◆ Dataset ◆

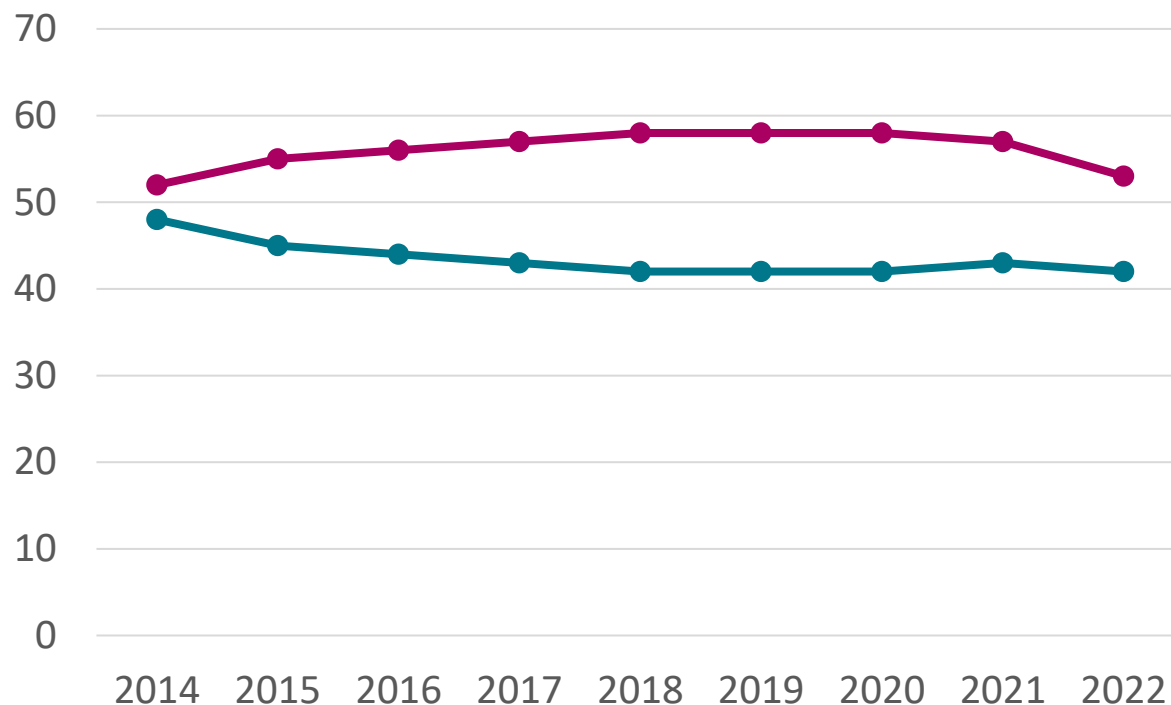

# YHTEISHAKU AMMATILLISEEN JA LUKIOON 2022

Peruskoulun päättävien hakijoiden prosenttiosuudet yhteishaussa 2014-2022

● ensisijaisesti lukioon ● ensisijaisesti ammatilliseen

## Ammatilliseen koulutukseen ensisijaisesti hakeneiden määrän muutos

2016-2017	-8 %
2018-2019	-1,75 %
2019-2020	-1,36 %
2020-2021	+8,8 %
<b>2021-2022</b>	<b>-5 %</b>

◆ Work to be completed ◆
When you restate the listing, keep every word as it is and drop the pictures.

◆ Task answer ◆
# YHTEISHAKU AMMATILLISEEN JA LUKIOON 2022

Peruskoulun päättävien hakijoiden prosenttiosuudet yhteishaussa 2014-2022

● ensisijaisesti lukioon ● ensisijaisesti ammatilliseen

## Ammatilliseen koulutukseen ensisijaisesti hakeneiden määrän muutos

2016-2017	-8 %
2018-2019	-1,75 %
2019-2020	-1,36 %
2020-2021	+8,8 %
<b>2021-2022</b>	<b>-5 %</b>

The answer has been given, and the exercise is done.